Artur Vieira

Personal information
- Full name: Artur Jesus Vieira
- Date of birth: 11 June 1990 (age 36)
- Place of birth: Rio de Janeiro, Brazil
- Height: 1.90 m (6 ft 3 in)
- Position: Centre-back

Team information
- Current team: Adhyaksa Bekasi
- Number: 3

Youth career
- Portuguesa
- 2010: São Caetano

Senior career*
- Years: Team / Apps / (Gls)
- 2011: Náutico / 0 / (0)
- 2012: União Mogi
- 2013–2014: Atlético Goianiense / 48 / (1)
- 2015: Nova Iguaçu / 0 / (0)
- 2015: Fluminense / 1 / (0)
- 2016: América Mineiro / 9 / (0)
- 2016: Goiás / 1 / (0)
- 2017: Paraná Clube / 0 / (0)
- 2018: Boa / 4 / (0)
- 2019: Barito Putera / 6 / (0)
- 2020: Khon Kaen / 12 / (0)
- 2022: Hougang United / 0 / (0)
- 2022: Capital CF / 0 / (0)
- 2022: Mahasarakham SBT / 6 / (0)
- 2023: Kanchanaburi Power / 16 / (2)
- 2023: Chanthaburi / 14 / (0)
- 2024: Customs United / 14 / (0)
- 2024–2025: Deltras / 19 / (4)
- 2025–2026: Persipura Jayapura / 24 / (3)
- 2026–: Adhyaksa Bekasi / 2 / (0)

= Artur Vieira =

Brazilian footballer (born 1990)

Artur Jesus Vieira (born 11 June 1990) is a Brazilian professional footballer who plays as a centre-back for Championship club Adhyaksa Bekasi.

==Career==
Born in Rio de Janeiro, Artur graduated with São Caetano's youth setup, after a brief stint at Portuguesa. He joined Náutico in 2011, but failed to make a single appearance with the club.

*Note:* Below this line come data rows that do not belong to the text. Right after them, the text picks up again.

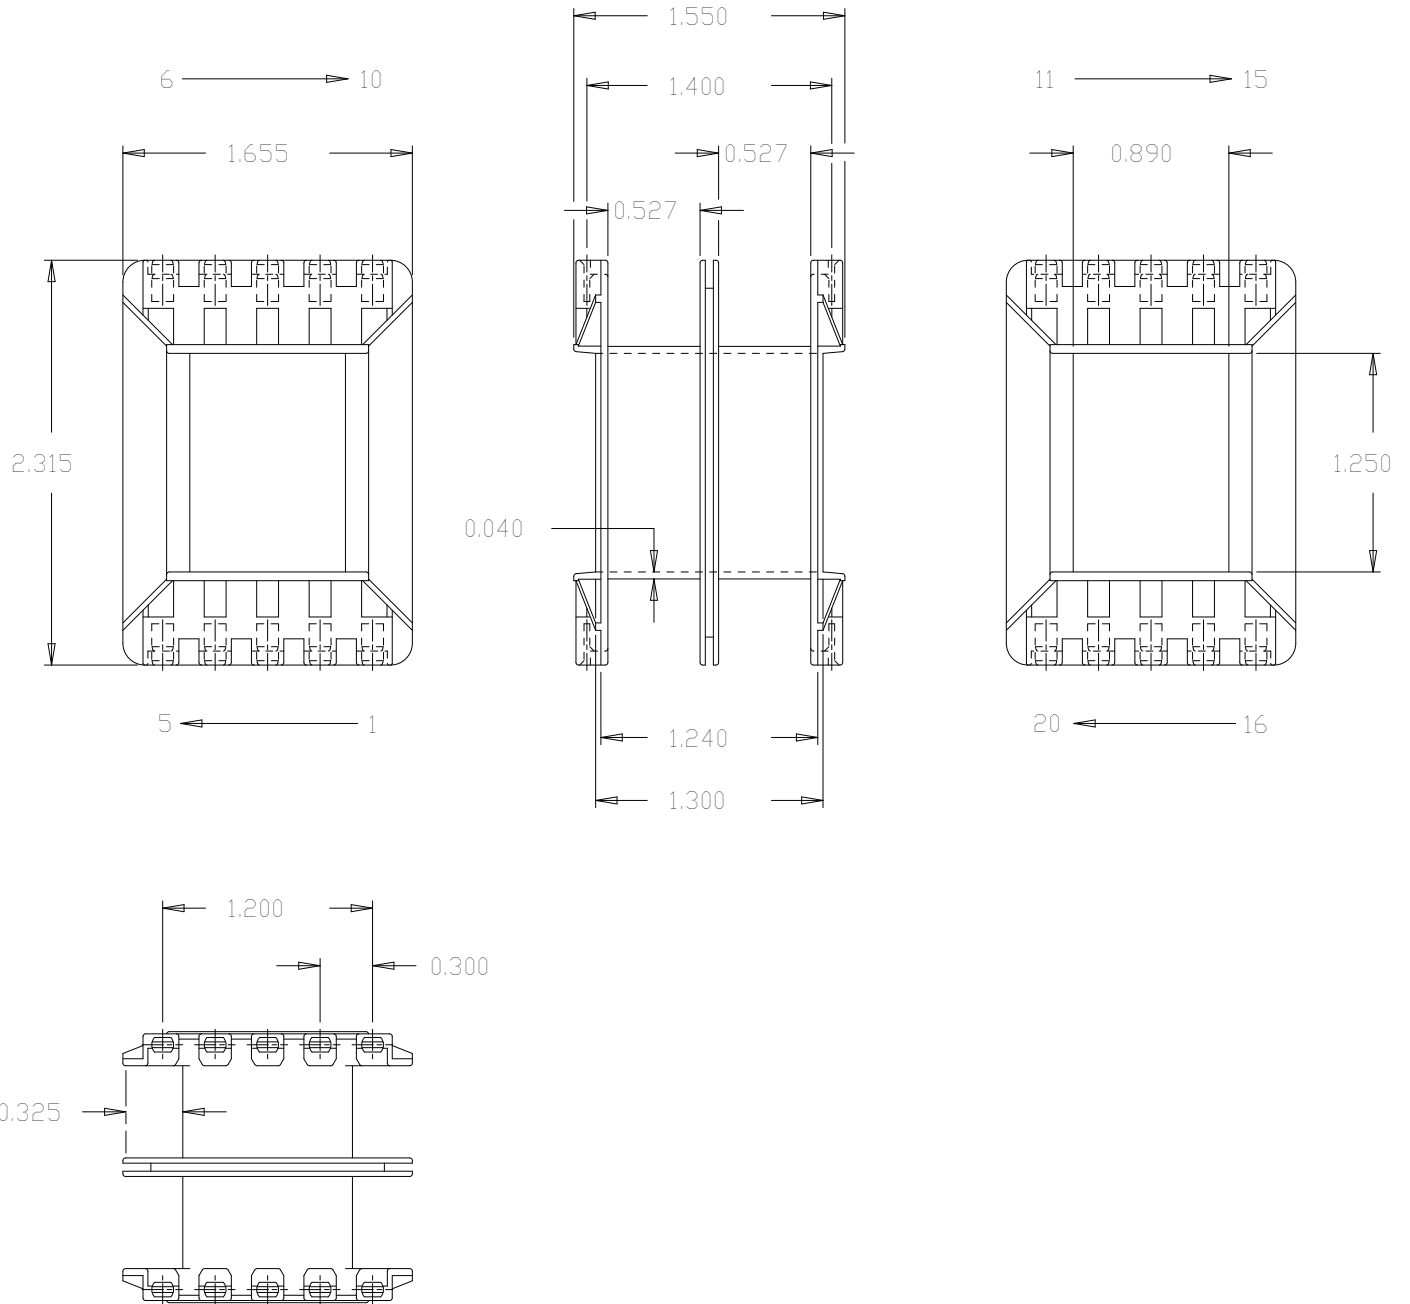

Part No. A47123-GGGG

147 x 1 1/4 Shrouded Double Section

'A' Range Bobbin

Dimensions in inches.
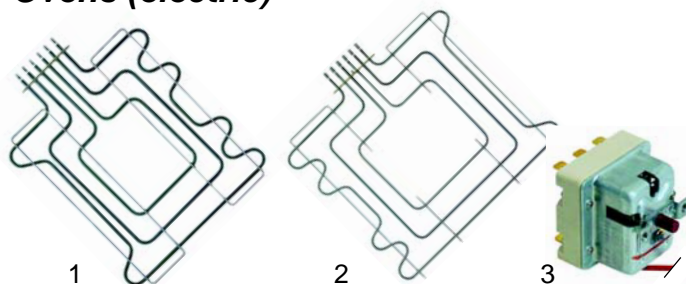

Ovens (electric)

Item	Order	Description	Model	OEM
1	416666	1800W/230V	CTE71__, CTE72__, CQE71__, CQE72__	843641
2	416667	2750W/230V	CQE91__, CQE92__	843645
3	375228	safety thermostat		843737

In January 2013, after a year at União Mogi, Artur signed for Atlético Goianiense. On 1 February he renewed his contract, signing until 2016, and made his professional debut on 7 June, starting in a 1–0 home win against Paysandu.

On 10 October 2014 Artur scored his first professional goal, netting the winner in a 2–1 away success against Oeste. On 28 January 2015 he left the club, after having unpaid wages, and moved to Nova Iguaçu.

On 6 May 2015 Artur joined Fluminense.

In 2016, he was loaned to Goiás.

In 2019, he ventured into South East Asia and signed for Indonesia club, Barito Putera.

He went to Thailand after ending his season in Indonesia. But he was released after half a season.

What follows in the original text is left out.